ASSIGNMENT:
Go line by line through the records below. Copy whichever lines contain the string "Bowers".
*** Block opens ***
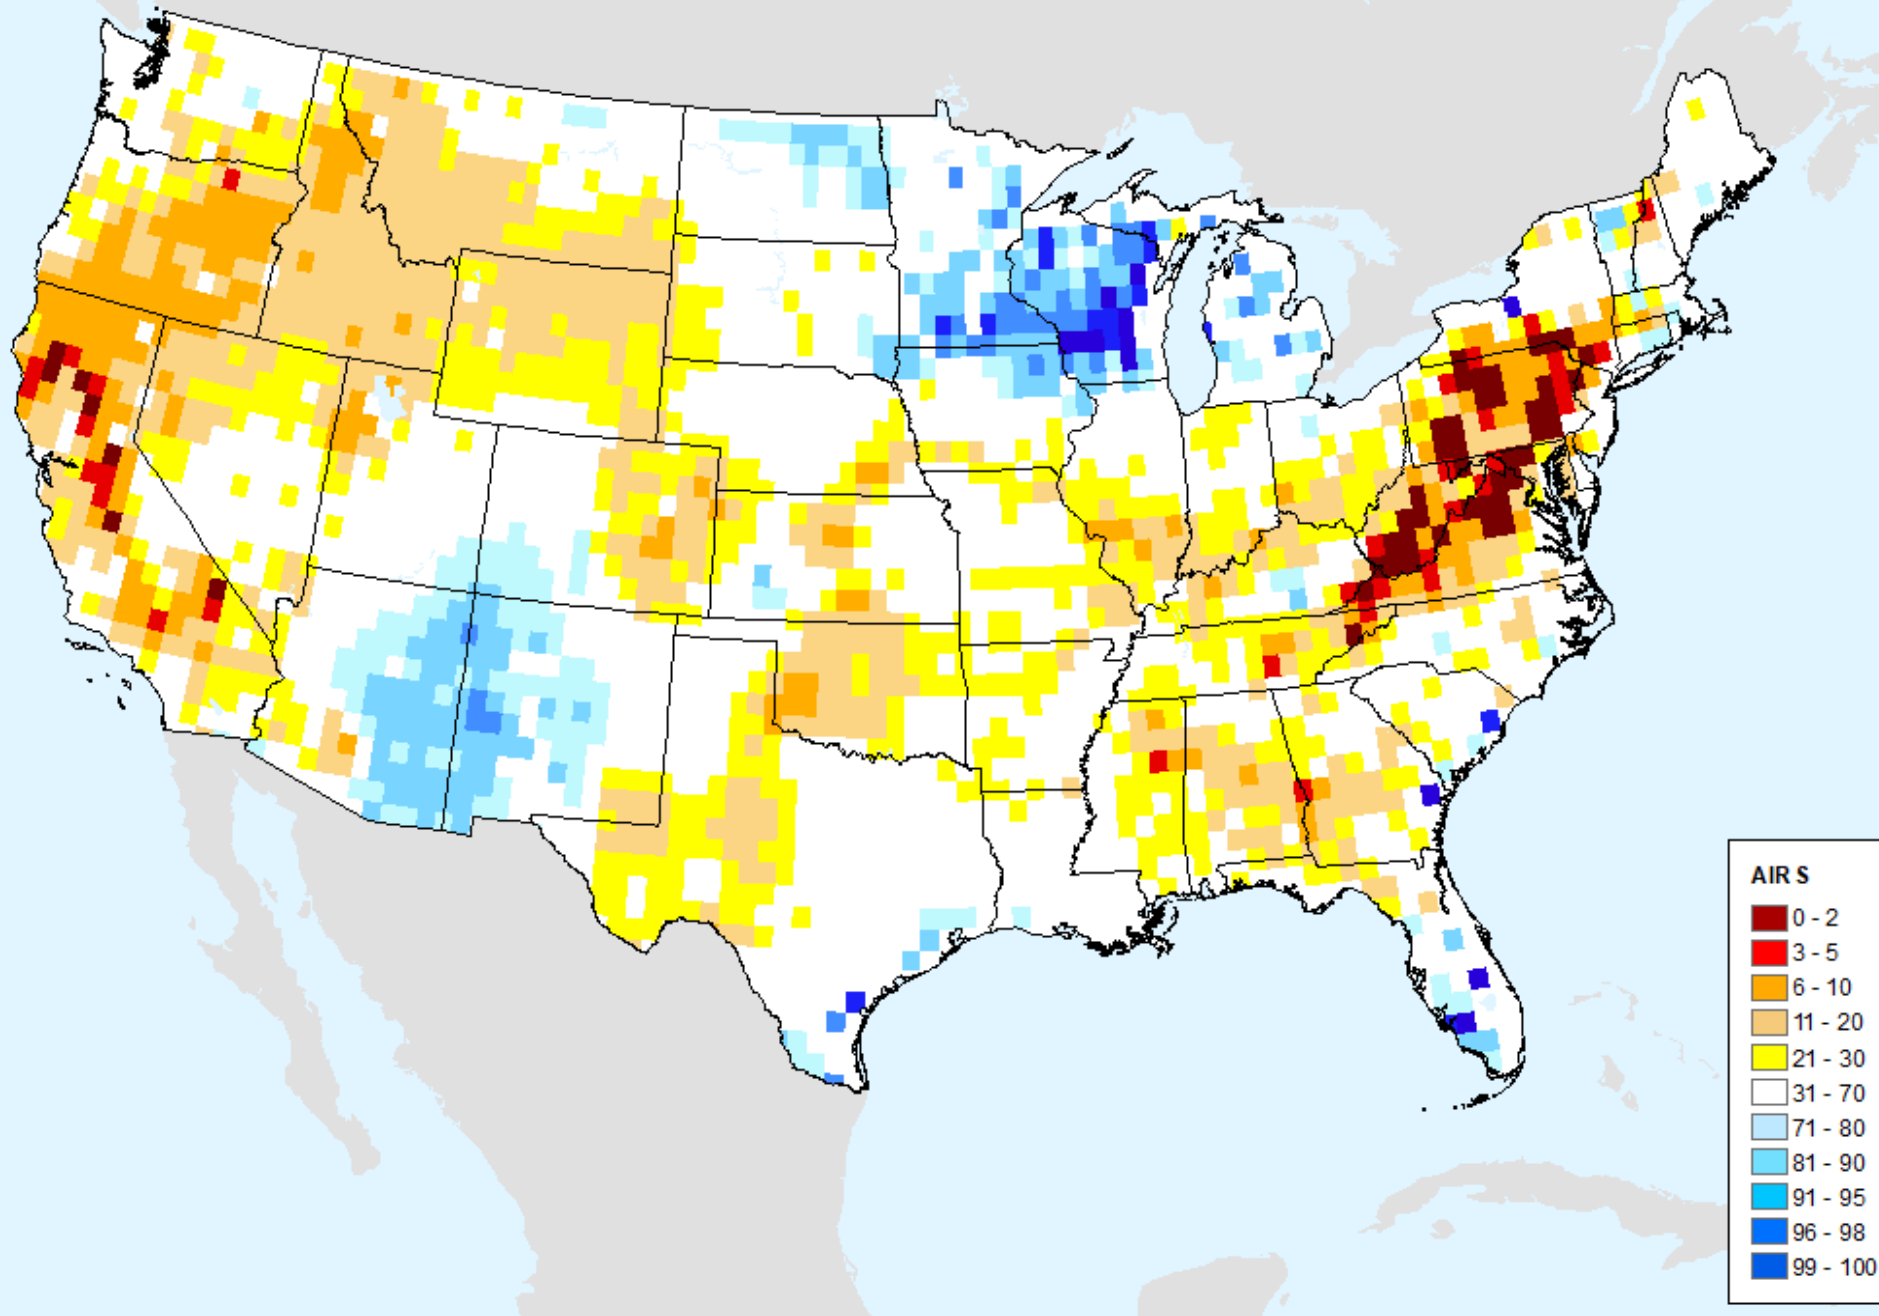

AIRS-Based Vapor Pressure Deficit 28 Day

As of: Tuesday, July 2, 2024
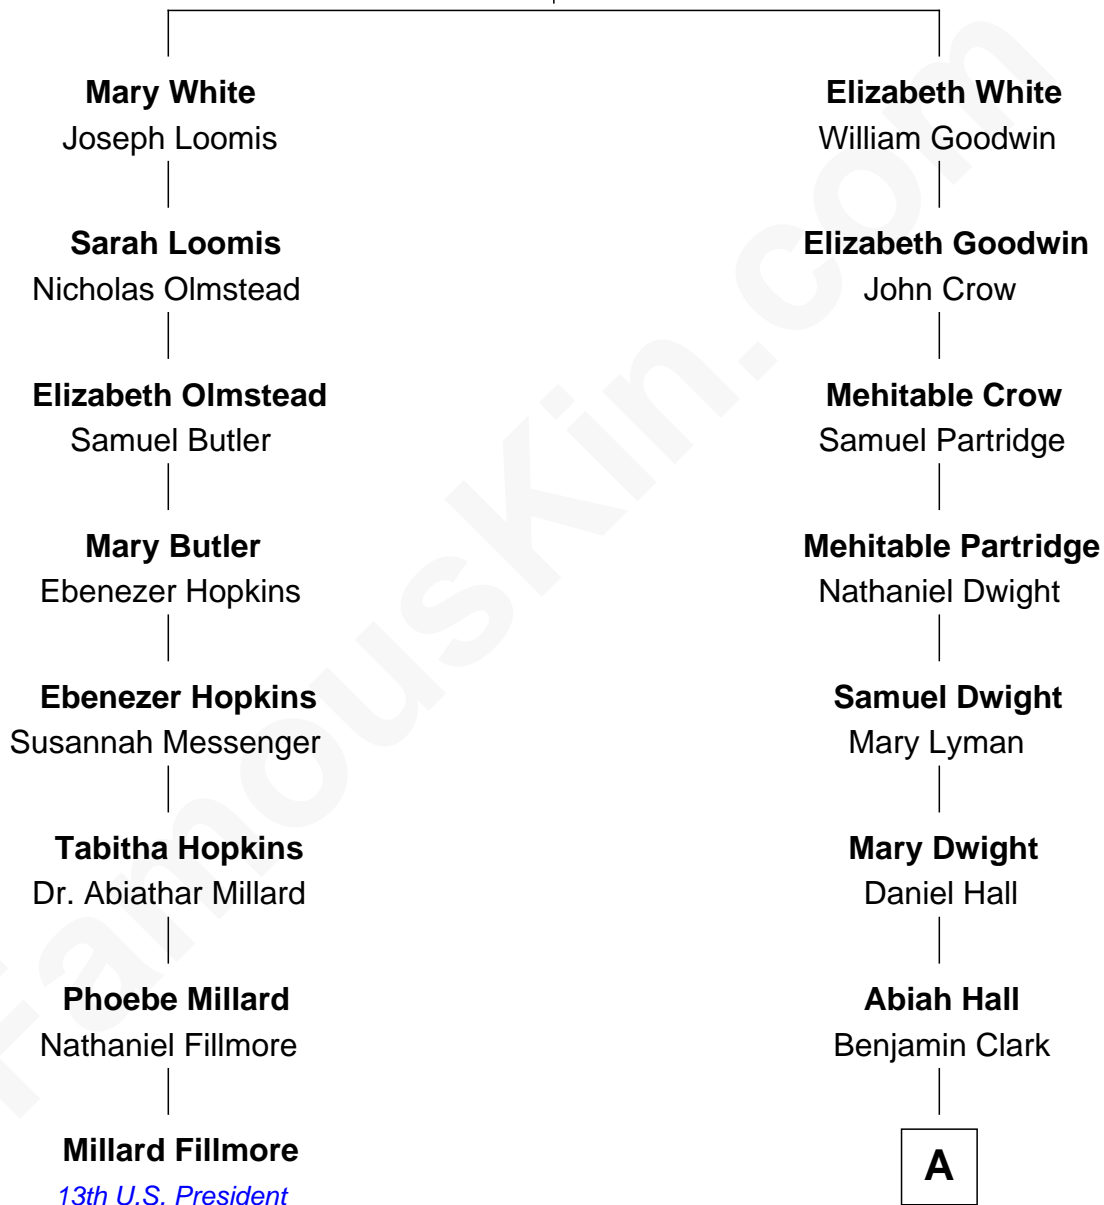

FamousKin.com Relationship Chart of

Millard Fillmore

13th U.S. President

7th cousin 6 times removed of

Bob Taft

67th Governor of Ohio

Robert White

Bridget Allgar

A

Phebe Clark
Nathaniel Bowers

William Bowers
Almira Bailey

Samuel Dwight Bowers
Martha Wheaton Dowd

Lloyd Wheaton Bowers
Louise Bennett Wilson

Martha Wheaton Bowers
Robert Alphonso Taft

Robert Alphonso Taft
Blanca Duncan Noël

Bob Taft

67th Governor of Ohio
*** Block closes ***
ANSWER BOX:
Nathaniel Bowers
William Bowers
Samuel Dwight Bowers
Lloyd Wheaton Bowers
Martha Wheaton Bowers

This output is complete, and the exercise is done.